Work to complete -
Would you repeat word for word the lines of the listing that follows, from the one with "Кривая силы света (КСС): SW" up to and including the one with "Benkmontert for kaldt eller forblandet vann", and leave out the images?

Data extract -
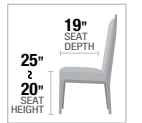

ALTERNATIVE VIEW

Fatima

GRAY OAK & BLACK FINISH

B. 73130
3PC PACK
ADJUSTABLE COUNTER
HEIGHT SET
COUNTER HEIGHT TABLE
36"Dia x 30" ~ 36"H
COUNTER HEIGHT CHAIR
31" ~ 36"H

Landis

OAK & GUNMETAL FINISH

A. 73180
COUNTER HEIGHT TABLE
42"Dia x 36"H
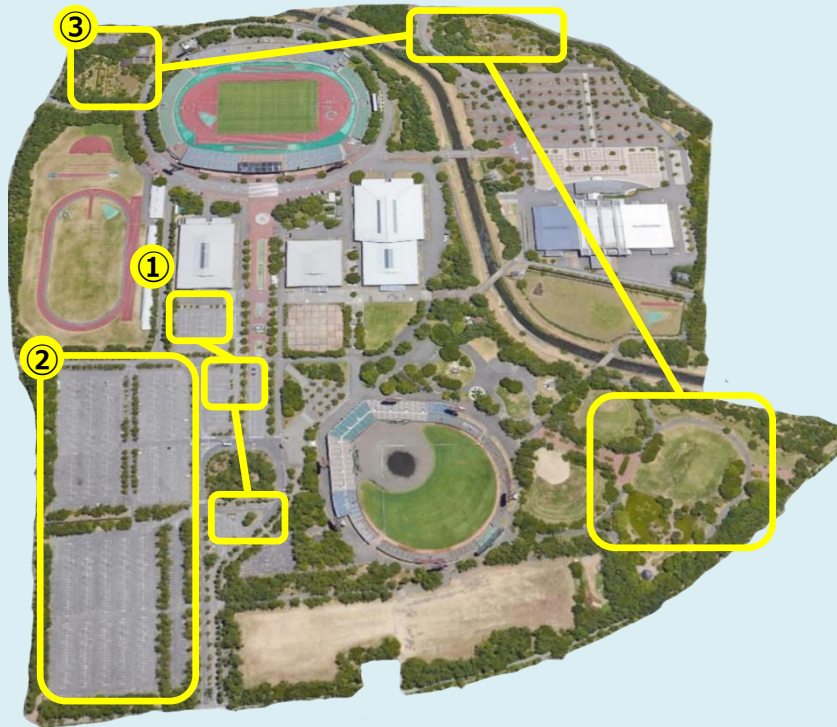

西部緑地公園の再配置イメージ

※今後、設計等で変更の可能性あり

現 状

- ① 小規模駐車場が、園中心部に散在し、動線複雑化の要因
- ② 大規模駐車場が、各施設から遠くに位置
- ③ 緑地が、敷地の端に分散

再整備イメージ

- ① 県立野球場は、大型化し、プレー環境に優れた天然芝を採用
- ② 産業展示館は、1～3号館を統合し大型化
- ③ 駐車場は、各施設から近い位置に集約・効率化
- ④ 緑地・多目的広場は、集約・大型化
- ⑤ 駐車場から動線の複線化
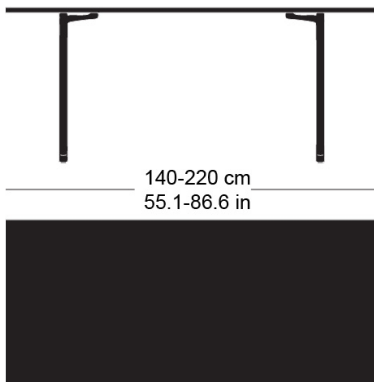

delta t-1670

Werkentwurf, 1932

Tischblatt und Kanten nach Mass in Massivholz, Füsse aus Gusseisen anthrazit lackiert, verstellbare Boden-Gleiter, Tischblatt mit Gratleisten, 30mm stark, Fussbreite: 63cm
Tischhöhe: 73cm

Werkentwurf, 1932

Plateau et contours de table en bois massif, sur mesure, pieds en fonte laqués anthracite, patins réglables, plateau de table avec profilés d'arrêt, épaisseur 30mm, largeur des pieds 63cm, hauteur de table 73cm.

Werkentwurf, 1932

Table top and edges made to measure in solid wood, cast iron legs with anthracite painted finish, adjustable floor sliders, table top with dovetail battens, 30mm thick, leg width: 63cm
Table height: 73cm

Varianten / variantes / variants

delta
t-1690rdelta
t-1690q

Technische Angaben / specifications / specifications

Masse / mesure / measure

73 cm
28.7 inGleiter justierbar / patins
réglables / adjustable glides
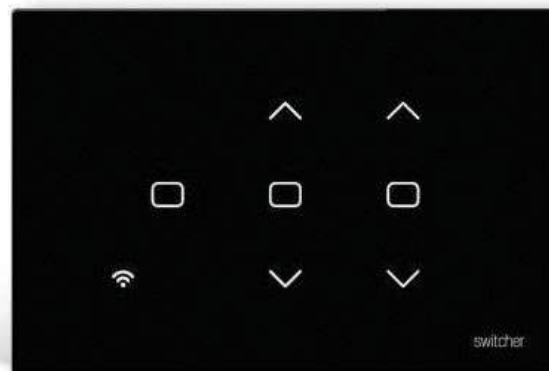

2 תריסים ותאורה
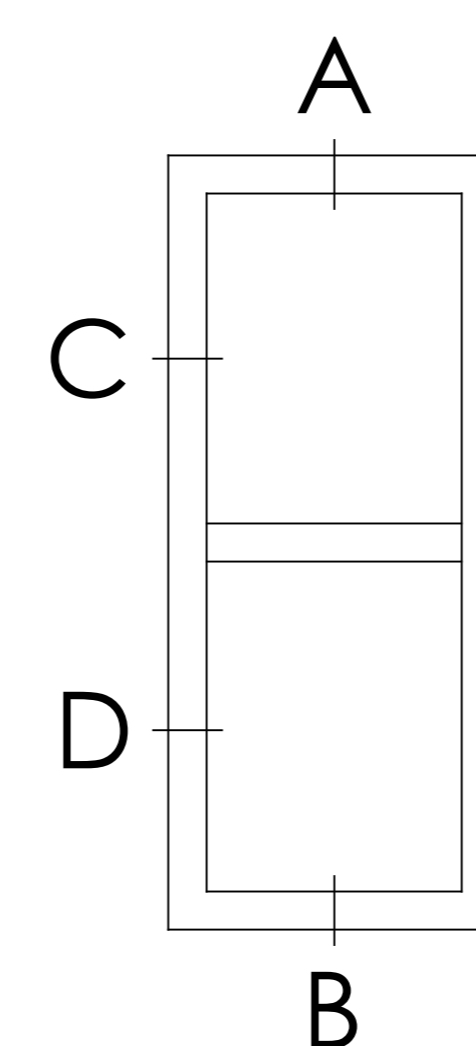

HORISONTALT SNITT TILLVAL
- Öppningsbara mötesbågar utan karmdelande post

HORISONTALT SNITT GLAS

HORISONTALT SNITT Fyllning

TILLVAL SMYGGSPÅR
- Ej på utanpåliggande Kipp-Dreh

VERTIKALT SNITT

Standard tröskel

TILLVAL SMYGGSPÅR
- Ej på utanpåliggande Kipp-Dreh

VERTIKALT SNITT

Låg tröskel

- Utanpåliggande gångjärn

- Utanpåliggande gångjärn Kipp-Dreh

VERTIKALT SNITT TILLVAL
- Norgenäsa

BESLAGSVARIANTER

- Utanpåliggande gångjärn
- Utanpåliggande gångjärn Kipp-Dreh
- Dolda gångjärn Kipp-Dreh

Item	No.	Description	Drawingnumber	Articlenumber
Revision notification			Revised by	Revised date
AM40-20240318TE-K164			TE	2024-03-18
Revision description			Created by	Created date
Smyggspår ändrat till 5x10x8			TE	2020-08-04
Description		Fönsterdörr Inåtgående 2+1 ECO		Processing code
Material		General tolerance acc. to ISO2768-1		Article number
Included in product		Included in product family		Article number
Harmoni		Sidhängt, Kipp-Dreh		Revision no

Draw view

Scale 1:2

Size A3

Drawing number 40-37-W54

Revision no C
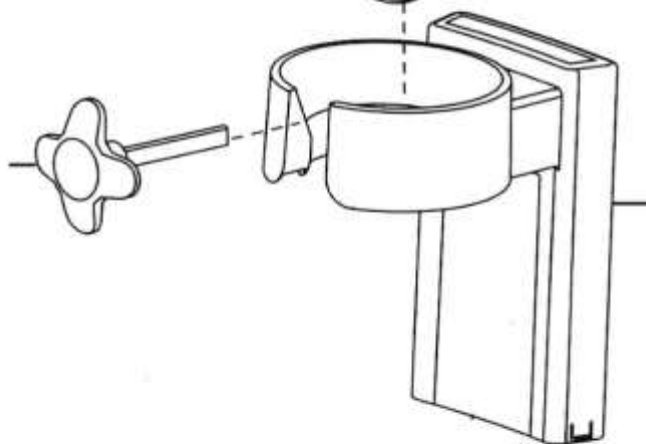

Kohoutek

Stojan
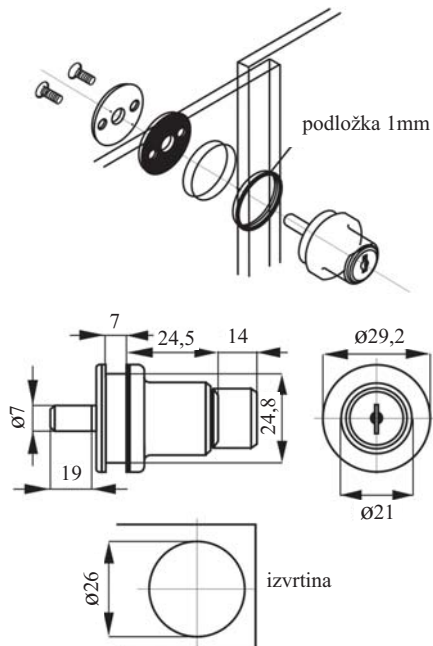

Komplet vsebuje:

- 1x ključavnica
- 2x transparentna podložka
- 2x Siso navaden ključ

Obdelava: krom

Odpiranje: potisnite navznoter in obrnite ključ za 90°

Šifra	Naziv	Naziv 2
170179	X-907 Ključavnica za steklena drsna vrata krom	14.09.417-2
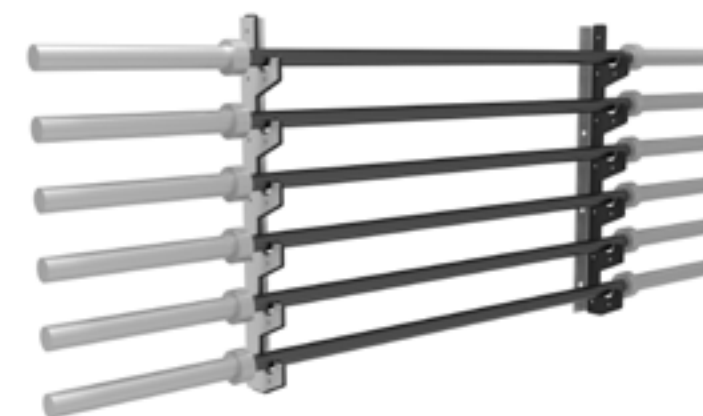

SOPORTE PARED BARRAS OLÍMPICAS O'LIVE

Ref. PL27400.00
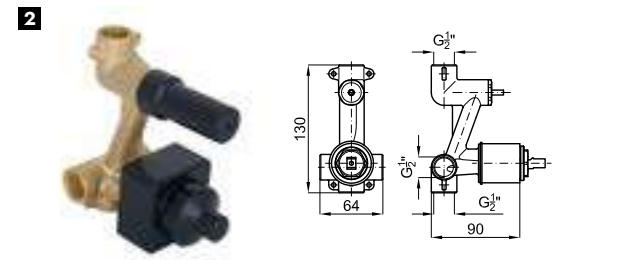

EX **NEW** **100327524** brushed gold or brosse
100107958

100330776 brushed gold or brosse

ACCESSORIES. MINIMAL - Single function handshower . Flow rate 13,26 l/min. at 3 bar.
MINIMAL - Douchette 1 jet . À 3 bars de pression 13,26 l/min.
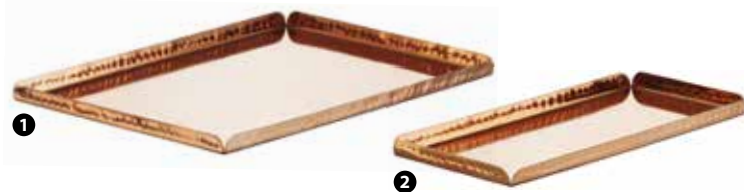

silikomart
professional

VASSOI PASTICCERIA VEGEL

128457 - VASSOIO PLASTICA BAR/PASTICCERIA BIANCO CM 39,5X11,9 H 1,2 SET 2 PZ

128458 - VASSOIO PLASTICA BAR/PASTICCERIA NERO CM 39,5X11,9 H 1,2 SET 2 PZ

VASSOI DA PASTICCERIA INOX PLACCATO RAME, MARTELLATI SUI LATI E AD ANGOLI APERTI (LAVARE A MANO)

- 1** 139454 - VASSOIO BAR/PASTICCERIA CM 30,5X21 H 1,3
- 2** 139453 - VASSOIO BAR/PASTICCERIA CM 25,5X11,5 H 1,3

PINTINOX

TENDER ACCIAIO INOX 18/0 ANGOLI APERTI
PRODOTTO CERTIFICATO E CON TRACCIABILITÀ
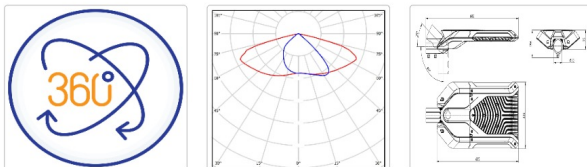

Светильник светодиодный ATAMAN-STREET-RUS 240-3 830 SW DIM

43 100P

Артикул: УТ000020817
 Мощность, Вт: 240.8
 Световой поток, Лм 31118
 Световая эффективность, Лм/Вт: 130.5
 Индекс цветопередачи CRI: 80
 Цветовая температура, К: 3000
 Кривая силы света (КСС): SW (Широкая боковая)
 Гарантия, мес: 60

ХАРАКТЕРИСТИКИ

Светотехнические характеристики

Мощность, Вт:	240.8
Световой поток светодиодного модуля, ЛМ	32965
Световой поток, Лм	31118
Световая эффективность, Лм/Вт:	130.5
Количество светодиодов, шт:	440
Кривая силы света (КСС):	SW (Широкая боковая)
Цветовая температура, К:	3000
Индекс цветопередачи CRI:	80
Ресурс светодиодов, ч:	100000

Материал корпуса:	Литейные алюминиевые сплавы
Материал рассеивателя:	Оптический поликарбонат
Защитная оптическая часть	Нет
Способ крепления светильника:	Кронштейн консоль Ø35mm - Ø60mm регулируемый +35° / -90°
Степень защиты светильника, IP :	66/67
Степень защиты оболочки (корпус):	IK10
Степень защиты оболочки (стекло):	IK10
Температура эксплуатации, °С:	от -40° до +50°
Вид климатического исполнения:	УХЛ1
Гарантия, мес:	60
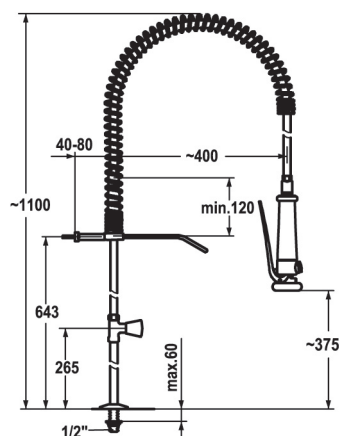

KWC

Sveitsisk leverandør fra 1874 av robuste storkjøkkenbatterier med lang levetid og fantastisk yteevne.

Benkmontert for kaldt eller forblandet vann

Benkmontert forspyledusj uten tappetut. Ratt som regulerer vannmengde og avstengbar dusj i fleksibelt oppheng. Benyttes for forblandet eller kaldt vann. Montering med ett hull i benk. Robust messingutførelse.

Tekniske data	
Maks. vanntrykk	5 bar
Maks. vanntemperatur	80° C
Anslutning	1/2" RG
Vannmengde	Dusj=18 l/min
NRF nummer	4450507
Produktnummer	24.40.60
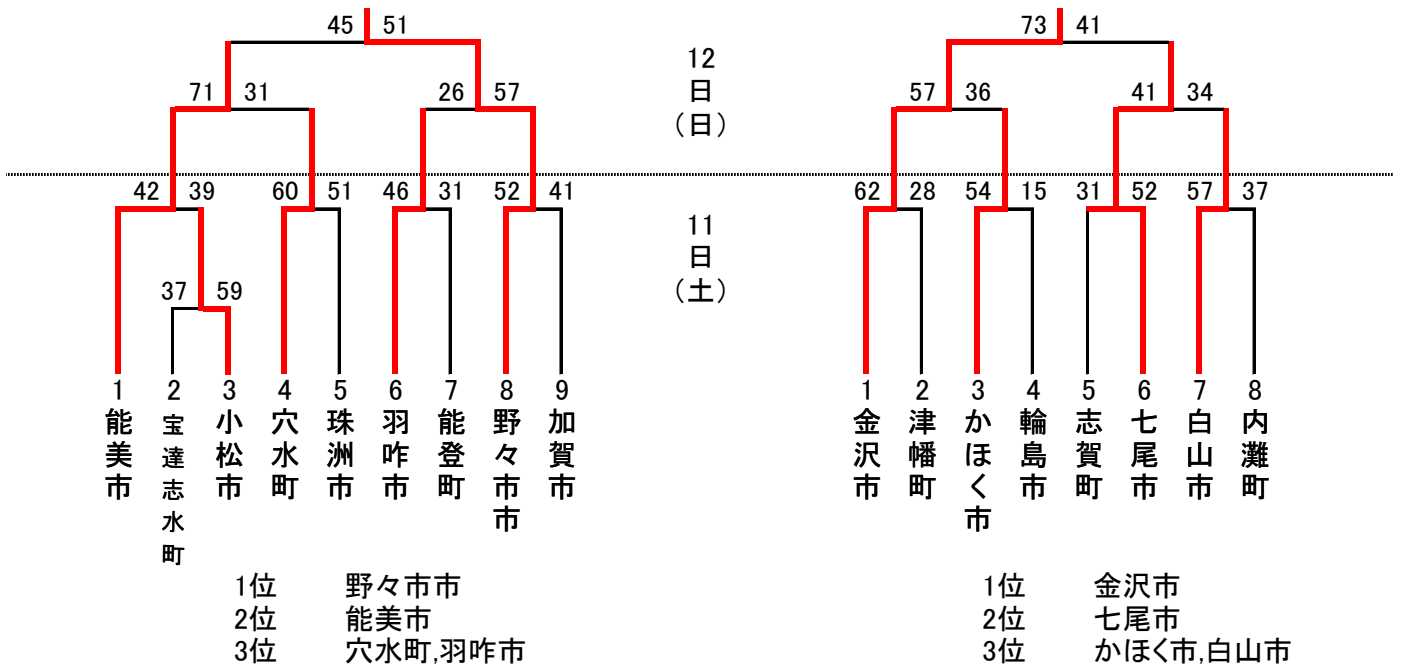

一般男子Aブロック

- 1位 穴水町
2位 能登町
3位 加賀市, 宝達志水町

一般男子Bブロック

- 1位 小松市
2位 能美市
3位 金沢市, 白山市

一般女子

- 1位 珠洲市
2位 小松市
3位 白山市, 七尾市

壮年男子Aブロック

壮年男子Bブロック

壮年女子

Answer space -
 Кривая силы света (КСС): SW (Широкая боковая)
 Гарантия, мес: 60

ХАРАКТЕРИСТИКИ

Светотехнические характеристики

Мощность, Вт:	240.8
Световой поток светодиодного модуля, ЛМ	32965
Световой поток, Лм	31118
Световая эффективность, Лм/Вт:	130.5
Количество светодиодов, шт:	440
Кривая силы света (КСС):	SW (Широкая боковая)
Цветовая температура, К:	3000
Индекс цветопередачи CRI:	80
Ресурс светодиодов, ч:	100000

Материал корпуса:	Литейные алюминиевые сплавы
Материал рассеивателя:	Оптический поликарбонат
Защитная оптическая часть	Нет
Способ крепления светильника:	Кронштейн консоль Ø35mm - Ø60mm регулируемый +35° / -90°
Степень защиты светильника, IP :	66/67
Степень защиты оболочки (корпус):	IK10
Степень защиты оболочки (стекло):	IK10
Температура эксплуатации, °С:	от -40° до +50°
Вид климатического исполнения:	УХЛ1
Гарантия, мес:	60

KWC

Sveitsisk leverandør fra 1874 av robuste storkjøkkenbatterier med lang levetid og fantastisk yteevne.

Benkmontert for kaldt eller forblandet vann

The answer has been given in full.